--- START ---

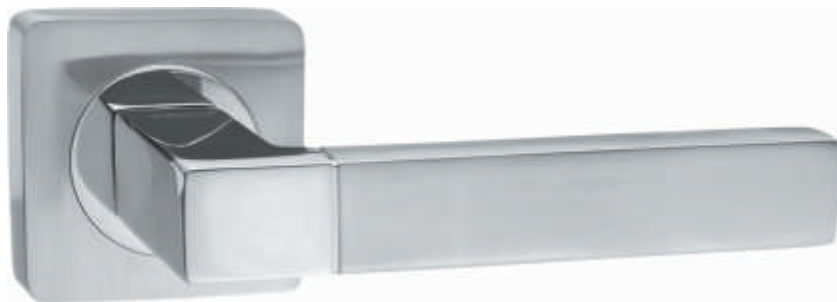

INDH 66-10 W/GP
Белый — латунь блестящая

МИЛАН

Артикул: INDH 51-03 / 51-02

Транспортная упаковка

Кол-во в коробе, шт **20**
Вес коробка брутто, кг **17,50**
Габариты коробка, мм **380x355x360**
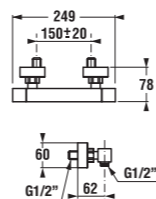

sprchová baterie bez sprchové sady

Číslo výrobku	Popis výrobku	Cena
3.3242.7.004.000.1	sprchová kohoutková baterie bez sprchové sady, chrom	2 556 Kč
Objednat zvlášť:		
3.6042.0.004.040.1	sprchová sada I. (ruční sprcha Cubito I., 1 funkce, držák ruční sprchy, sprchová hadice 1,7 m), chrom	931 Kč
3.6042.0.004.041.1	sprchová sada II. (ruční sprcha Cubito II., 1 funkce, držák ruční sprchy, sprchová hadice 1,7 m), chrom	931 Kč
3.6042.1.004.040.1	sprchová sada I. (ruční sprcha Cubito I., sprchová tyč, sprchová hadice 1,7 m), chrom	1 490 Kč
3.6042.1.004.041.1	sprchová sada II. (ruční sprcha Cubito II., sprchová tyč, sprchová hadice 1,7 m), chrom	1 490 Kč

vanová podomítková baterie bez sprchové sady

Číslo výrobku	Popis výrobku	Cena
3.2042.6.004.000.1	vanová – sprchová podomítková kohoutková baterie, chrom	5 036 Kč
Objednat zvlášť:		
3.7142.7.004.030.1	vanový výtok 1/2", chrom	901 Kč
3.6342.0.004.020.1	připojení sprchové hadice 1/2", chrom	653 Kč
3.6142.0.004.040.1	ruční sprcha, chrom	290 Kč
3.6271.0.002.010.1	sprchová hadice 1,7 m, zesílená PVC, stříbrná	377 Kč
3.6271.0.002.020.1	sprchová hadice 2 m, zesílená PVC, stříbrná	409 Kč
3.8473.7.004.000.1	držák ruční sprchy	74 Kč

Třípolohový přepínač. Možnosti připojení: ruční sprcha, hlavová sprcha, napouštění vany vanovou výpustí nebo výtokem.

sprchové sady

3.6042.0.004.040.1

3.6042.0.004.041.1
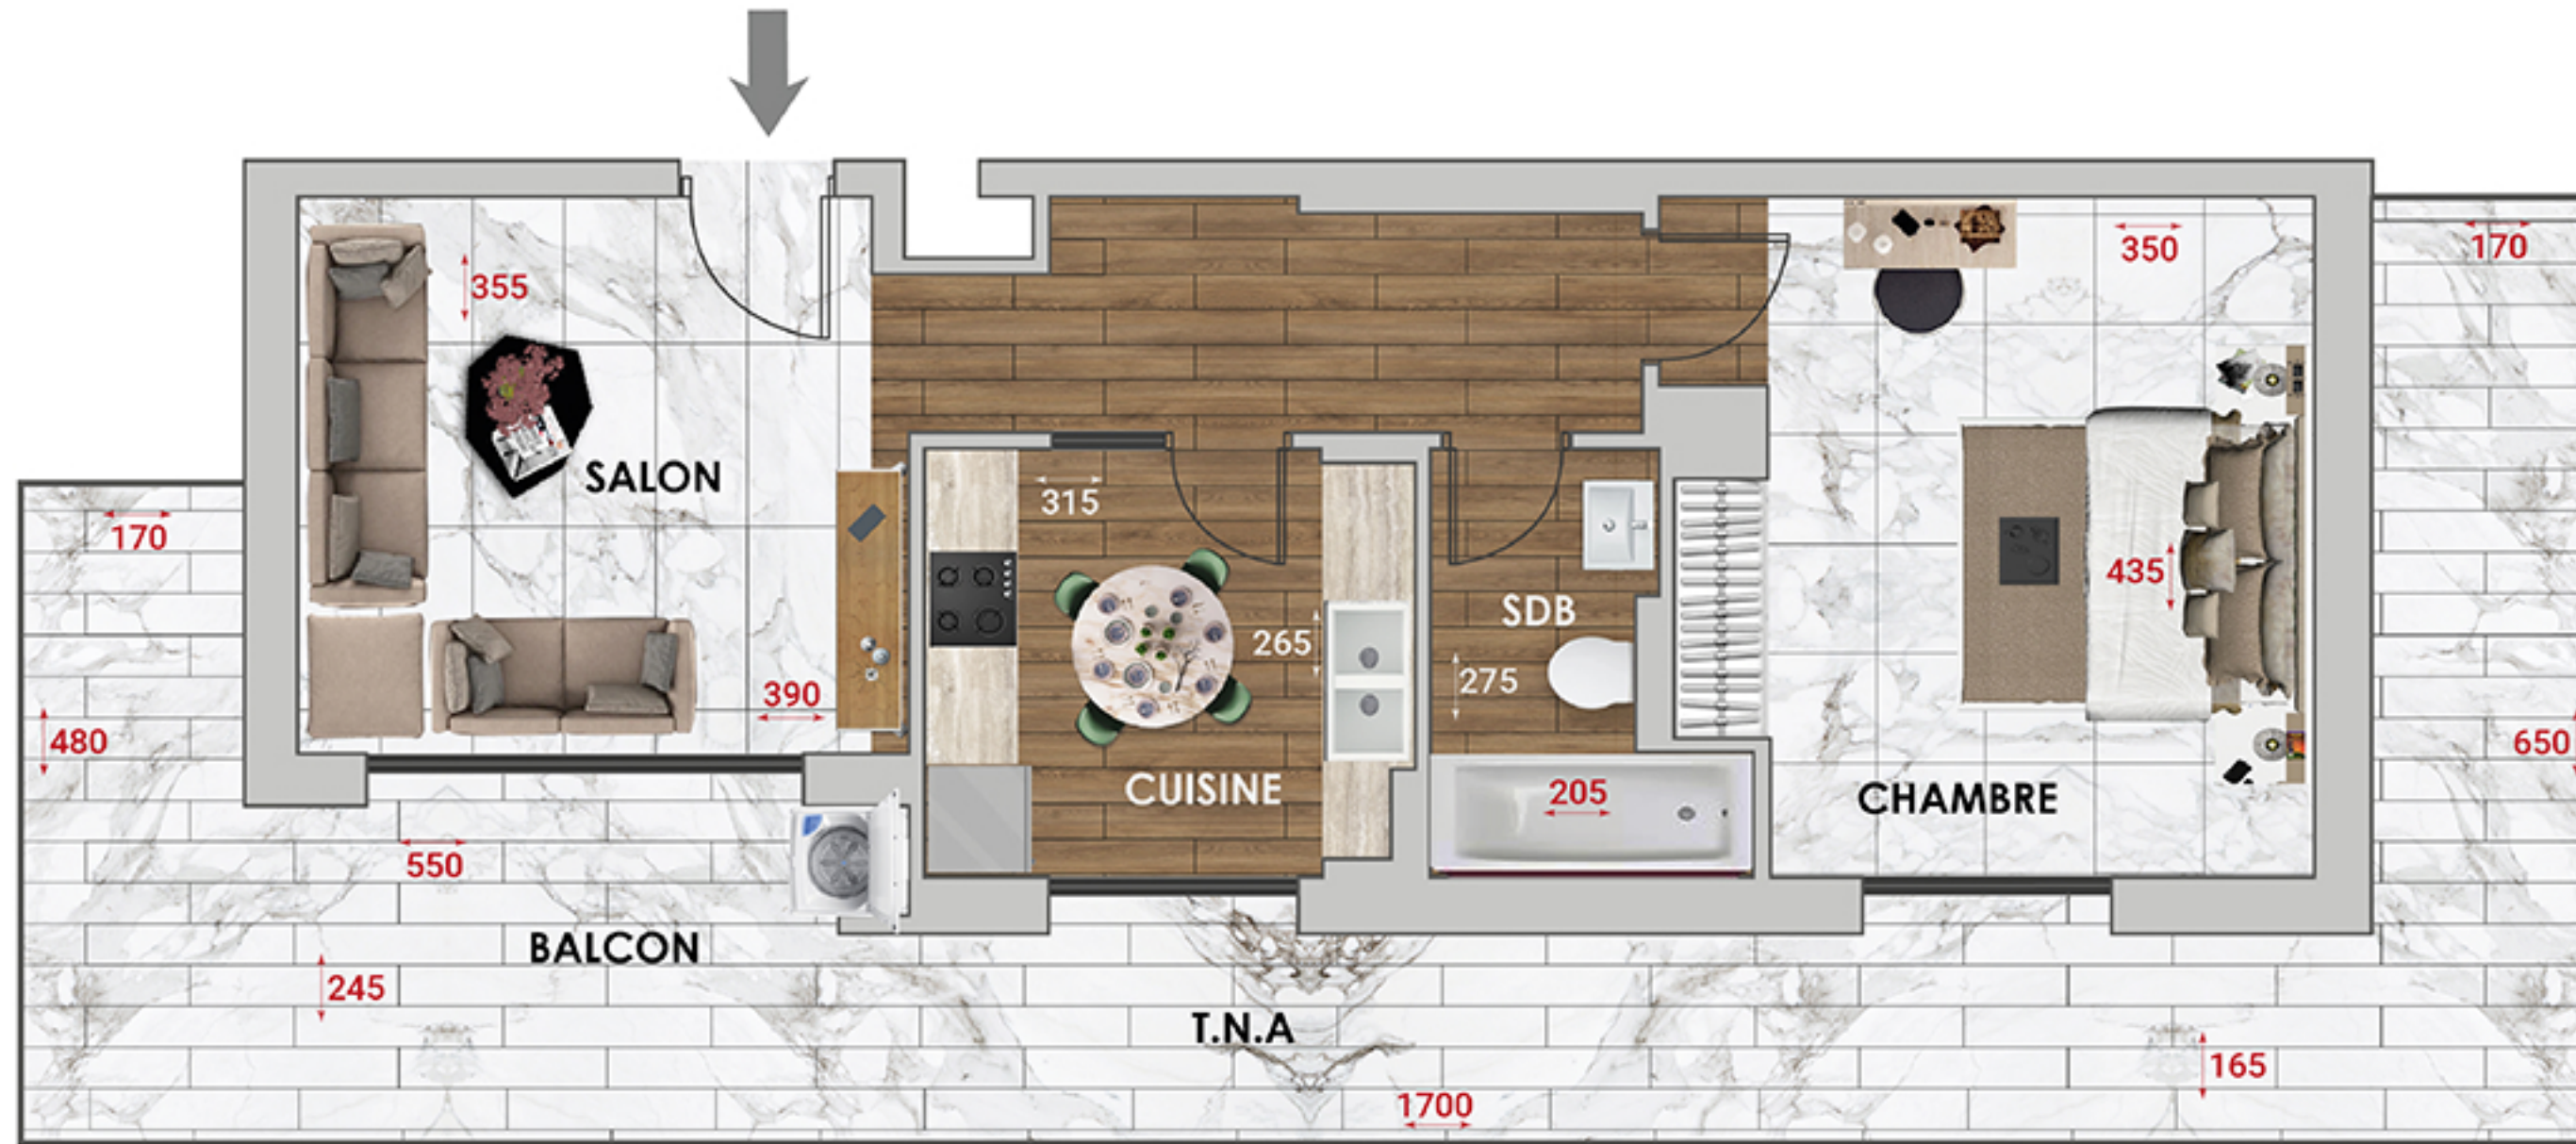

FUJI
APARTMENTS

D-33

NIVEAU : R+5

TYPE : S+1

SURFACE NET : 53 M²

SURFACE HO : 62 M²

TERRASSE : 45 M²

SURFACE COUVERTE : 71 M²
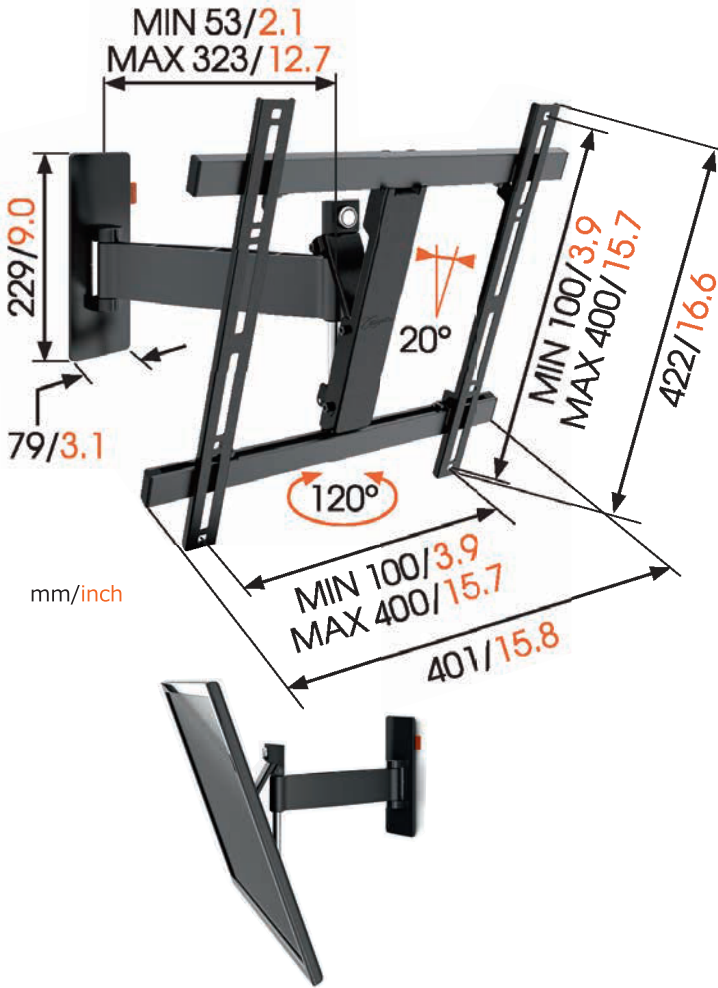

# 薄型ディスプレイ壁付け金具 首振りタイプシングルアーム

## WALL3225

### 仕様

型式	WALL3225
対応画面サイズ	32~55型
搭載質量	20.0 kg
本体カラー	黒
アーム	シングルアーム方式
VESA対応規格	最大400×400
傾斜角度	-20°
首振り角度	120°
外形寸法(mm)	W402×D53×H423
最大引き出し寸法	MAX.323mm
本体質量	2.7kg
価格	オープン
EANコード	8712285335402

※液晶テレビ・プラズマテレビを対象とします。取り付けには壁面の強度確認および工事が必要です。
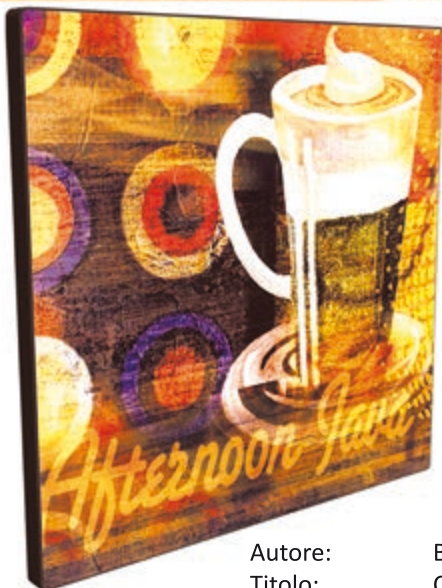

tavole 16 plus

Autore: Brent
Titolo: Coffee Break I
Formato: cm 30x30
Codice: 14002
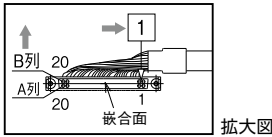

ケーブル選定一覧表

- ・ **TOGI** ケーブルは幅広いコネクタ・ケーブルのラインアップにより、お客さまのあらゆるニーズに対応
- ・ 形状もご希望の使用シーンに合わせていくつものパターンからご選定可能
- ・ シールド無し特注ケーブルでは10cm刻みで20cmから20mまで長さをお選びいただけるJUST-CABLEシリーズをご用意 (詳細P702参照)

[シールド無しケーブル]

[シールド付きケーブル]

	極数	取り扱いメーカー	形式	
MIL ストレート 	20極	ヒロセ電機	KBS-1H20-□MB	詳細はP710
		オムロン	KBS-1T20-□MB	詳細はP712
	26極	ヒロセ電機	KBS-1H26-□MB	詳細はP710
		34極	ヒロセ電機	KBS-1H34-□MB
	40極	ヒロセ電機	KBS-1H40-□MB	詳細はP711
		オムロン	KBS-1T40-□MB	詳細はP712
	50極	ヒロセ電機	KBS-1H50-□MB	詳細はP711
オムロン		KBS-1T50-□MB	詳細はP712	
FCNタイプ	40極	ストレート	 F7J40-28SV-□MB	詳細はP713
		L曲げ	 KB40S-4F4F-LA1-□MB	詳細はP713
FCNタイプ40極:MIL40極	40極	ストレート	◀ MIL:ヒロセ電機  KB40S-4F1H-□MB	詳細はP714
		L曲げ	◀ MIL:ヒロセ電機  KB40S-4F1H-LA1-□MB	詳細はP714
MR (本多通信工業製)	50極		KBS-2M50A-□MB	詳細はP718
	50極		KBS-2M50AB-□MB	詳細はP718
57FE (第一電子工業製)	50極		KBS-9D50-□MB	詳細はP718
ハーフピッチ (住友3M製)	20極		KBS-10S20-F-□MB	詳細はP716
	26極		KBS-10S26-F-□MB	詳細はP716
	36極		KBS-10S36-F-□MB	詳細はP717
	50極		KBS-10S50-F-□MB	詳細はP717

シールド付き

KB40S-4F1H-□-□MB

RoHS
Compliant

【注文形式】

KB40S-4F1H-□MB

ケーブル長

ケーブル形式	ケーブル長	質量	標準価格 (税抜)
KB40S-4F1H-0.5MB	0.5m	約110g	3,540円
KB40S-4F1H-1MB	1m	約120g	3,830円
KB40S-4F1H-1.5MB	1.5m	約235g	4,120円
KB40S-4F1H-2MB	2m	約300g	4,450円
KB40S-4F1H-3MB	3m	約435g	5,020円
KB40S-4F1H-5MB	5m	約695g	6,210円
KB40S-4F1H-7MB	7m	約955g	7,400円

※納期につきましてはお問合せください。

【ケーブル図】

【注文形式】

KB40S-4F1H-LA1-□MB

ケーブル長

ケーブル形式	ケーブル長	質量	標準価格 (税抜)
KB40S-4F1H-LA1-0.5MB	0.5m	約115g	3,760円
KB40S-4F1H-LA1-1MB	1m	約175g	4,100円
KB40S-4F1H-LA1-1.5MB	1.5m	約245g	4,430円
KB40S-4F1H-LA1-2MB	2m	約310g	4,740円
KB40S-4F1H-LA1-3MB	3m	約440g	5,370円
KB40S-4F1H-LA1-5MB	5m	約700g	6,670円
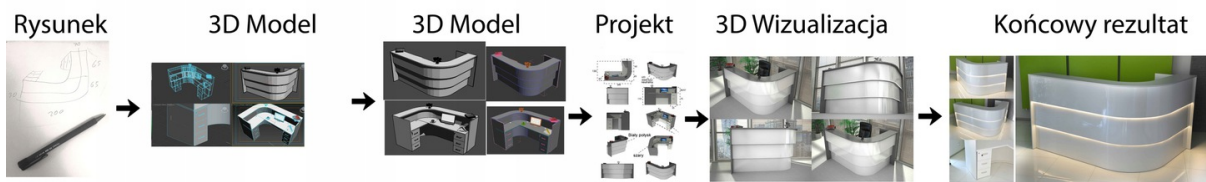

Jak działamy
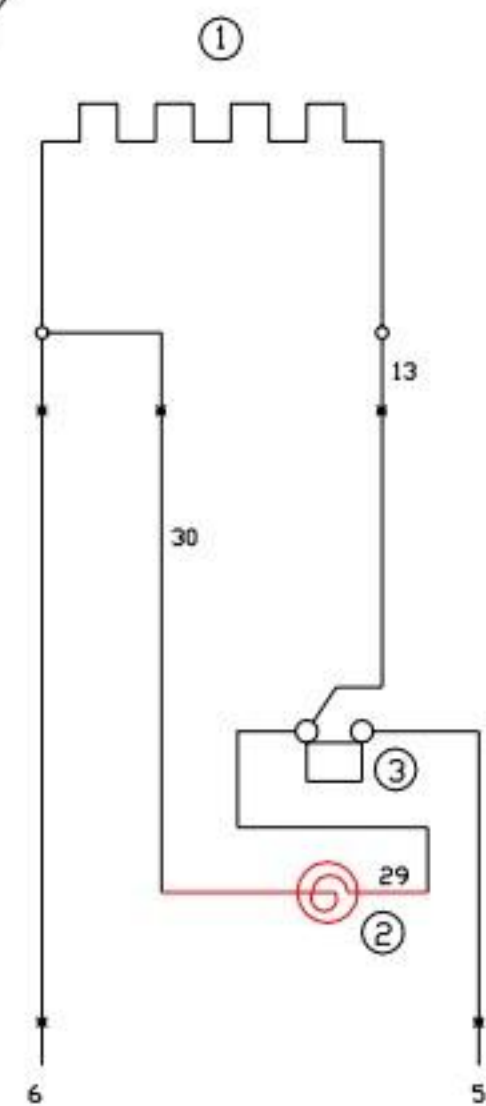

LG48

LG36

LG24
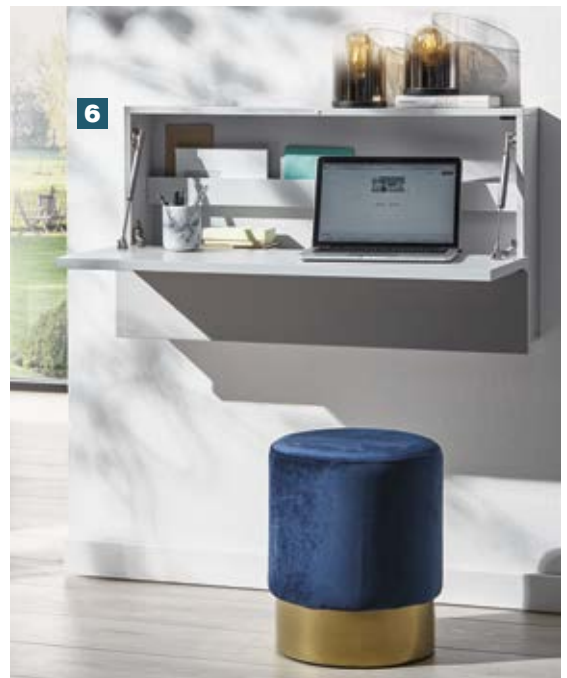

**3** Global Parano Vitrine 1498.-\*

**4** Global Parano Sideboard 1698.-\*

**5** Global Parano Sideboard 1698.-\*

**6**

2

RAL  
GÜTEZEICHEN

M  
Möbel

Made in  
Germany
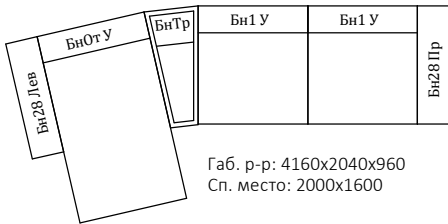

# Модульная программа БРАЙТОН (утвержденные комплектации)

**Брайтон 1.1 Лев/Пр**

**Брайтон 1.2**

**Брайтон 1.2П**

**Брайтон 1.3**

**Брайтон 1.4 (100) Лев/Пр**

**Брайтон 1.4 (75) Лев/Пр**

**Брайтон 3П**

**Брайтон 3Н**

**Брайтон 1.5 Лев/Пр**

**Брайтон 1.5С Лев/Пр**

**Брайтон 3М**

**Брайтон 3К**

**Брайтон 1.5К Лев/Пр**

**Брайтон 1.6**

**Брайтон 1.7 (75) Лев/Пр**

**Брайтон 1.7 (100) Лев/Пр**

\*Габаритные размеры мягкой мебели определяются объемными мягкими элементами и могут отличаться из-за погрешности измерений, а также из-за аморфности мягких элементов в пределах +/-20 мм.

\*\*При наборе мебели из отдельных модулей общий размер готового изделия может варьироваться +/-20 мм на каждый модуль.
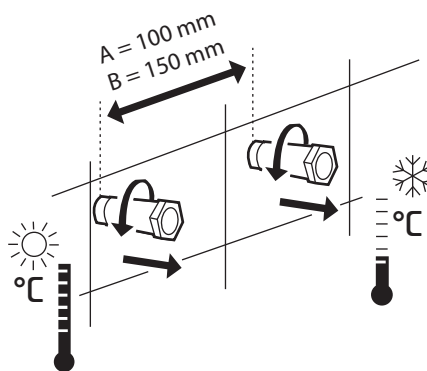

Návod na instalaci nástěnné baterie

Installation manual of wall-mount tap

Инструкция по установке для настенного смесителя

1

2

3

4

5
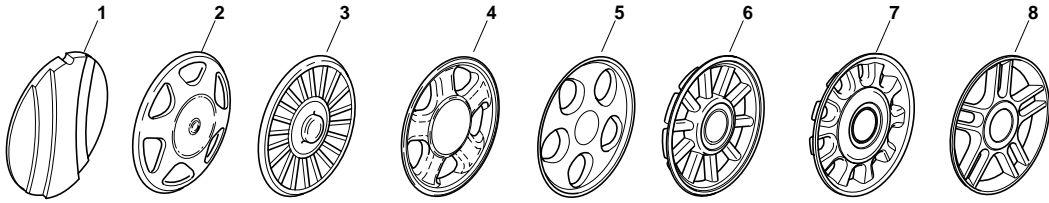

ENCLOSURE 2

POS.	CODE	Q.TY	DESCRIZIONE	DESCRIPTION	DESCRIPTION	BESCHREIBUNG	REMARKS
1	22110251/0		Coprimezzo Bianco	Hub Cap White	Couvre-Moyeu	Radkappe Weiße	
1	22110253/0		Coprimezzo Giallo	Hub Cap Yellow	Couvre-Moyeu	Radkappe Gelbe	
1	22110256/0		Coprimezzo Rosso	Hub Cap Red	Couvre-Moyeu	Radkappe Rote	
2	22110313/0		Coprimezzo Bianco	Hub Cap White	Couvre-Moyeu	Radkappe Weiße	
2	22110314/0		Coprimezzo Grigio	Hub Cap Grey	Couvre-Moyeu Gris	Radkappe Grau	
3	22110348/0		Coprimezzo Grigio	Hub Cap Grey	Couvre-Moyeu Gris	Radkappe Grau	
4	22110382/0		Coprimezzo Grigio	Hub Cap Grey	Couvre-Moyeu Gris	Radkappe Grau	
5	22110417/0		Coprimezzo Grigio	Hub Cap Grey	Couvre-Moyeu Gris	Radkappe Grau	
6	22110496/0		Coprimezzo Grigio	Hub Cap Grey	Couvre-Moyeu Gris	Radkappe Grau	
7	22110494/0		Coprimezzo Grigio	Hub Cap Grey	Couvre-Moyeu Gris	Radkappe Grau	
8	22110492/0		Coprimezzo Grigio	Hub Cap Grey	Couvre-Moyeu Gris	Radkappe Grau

--- END ---

DESCRIPTION OF THE TASK:
Search the entries above for the string "držák", and report each line where it occurs.

EXERCISE RESPONSE:
3.6042.0.004.040.1	sprchová sada I. (ruční sprcha Cubito I., 1 funkce, držák ruční sprchy, sprchová hadice 1,7 m), chrom	931 Kč
3.6042.0.004.041.1	sprchová sada II. (ruční sprcha Cubito II., 1 funkce, držák ruční sprchy, sprchová hadice 1,7 m), chrom	931 Kč
3.8473.7.004.000.1	držák ruční sprchy	74 Kč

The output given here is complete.